When a line in the records contains the string "Ovoid", copy that line.

Data to use
--------------------------------

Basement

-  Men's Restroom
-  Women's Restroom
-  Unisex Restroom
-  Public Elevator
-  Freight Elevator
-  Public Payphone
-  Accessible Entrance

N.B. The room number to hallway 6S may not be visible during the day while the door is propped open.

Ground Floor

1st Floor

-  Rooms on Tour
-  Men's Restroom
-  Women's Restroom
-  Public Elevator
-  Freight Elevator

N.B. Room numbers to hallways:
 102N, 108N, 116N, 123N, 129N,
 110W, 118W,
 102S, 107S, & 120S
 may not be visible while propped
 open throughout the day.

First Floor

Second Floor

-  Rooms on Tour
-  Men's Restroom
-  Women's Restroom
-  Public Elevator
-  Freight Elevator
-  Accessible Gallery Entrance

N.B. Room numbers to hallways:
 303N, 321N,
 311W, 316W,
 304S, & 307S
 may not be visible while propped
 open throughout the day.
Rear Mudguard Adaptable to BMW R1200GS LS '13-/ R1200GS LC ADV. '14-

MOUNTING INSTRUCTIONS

--------------------------------

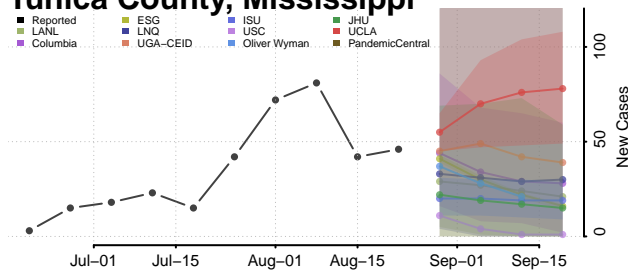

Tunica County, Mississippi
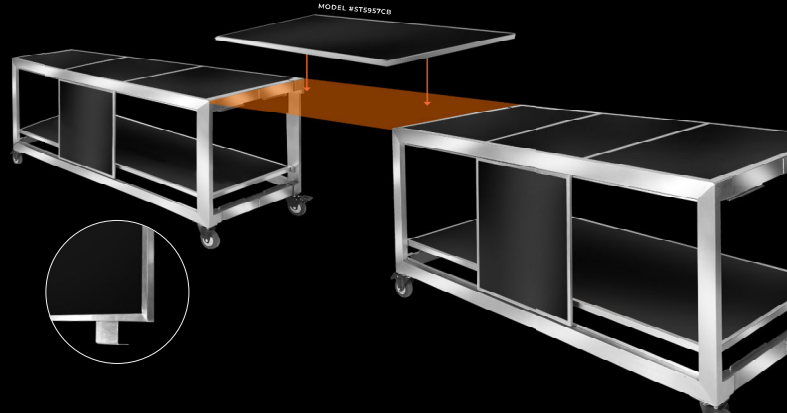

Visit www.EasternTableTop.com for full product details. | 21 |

--------------------------------

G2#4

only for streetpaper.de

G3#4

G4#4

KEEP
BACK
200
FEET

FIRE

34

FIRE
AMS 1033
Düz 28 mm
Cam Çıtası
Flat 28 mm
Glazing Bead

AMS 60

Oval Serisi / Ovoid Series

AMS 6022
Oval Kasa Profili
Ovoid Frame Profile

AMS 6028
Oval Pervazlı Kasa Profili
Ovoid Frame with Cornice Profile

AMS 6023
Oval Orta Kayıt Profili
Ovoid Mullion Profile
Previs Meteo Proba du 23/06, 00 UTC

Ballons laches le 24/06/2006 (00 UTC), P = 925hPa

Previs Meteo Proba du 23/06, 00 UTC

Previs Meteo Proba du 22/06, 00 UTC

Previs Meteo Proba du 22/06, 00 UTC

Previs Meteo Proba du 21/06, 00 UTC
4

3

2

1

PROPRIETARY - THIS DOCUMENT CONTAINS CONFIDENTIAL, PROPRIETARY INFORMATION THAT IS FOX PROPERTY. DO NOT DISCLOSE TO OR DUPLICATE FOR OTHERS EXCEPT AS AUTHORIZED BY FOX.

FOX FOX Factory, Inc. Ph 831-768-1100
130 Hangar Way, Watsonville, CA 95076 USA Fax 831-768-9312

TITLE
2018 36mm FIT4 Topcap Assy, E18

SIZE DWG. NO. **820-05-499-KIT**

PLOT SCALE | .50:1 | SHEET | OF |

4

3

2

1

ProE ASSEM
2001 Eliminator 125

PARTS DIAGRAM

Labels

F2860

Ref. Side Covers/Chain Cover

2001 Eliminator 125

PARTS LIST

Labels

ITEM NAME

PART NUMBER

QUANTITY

--------------------------------

Written solution
Oval Serisi / Ovoid Series
Ovoid Frame Profile
Ovoid Frame with Cornice Profile
Ovoid Mullion Profile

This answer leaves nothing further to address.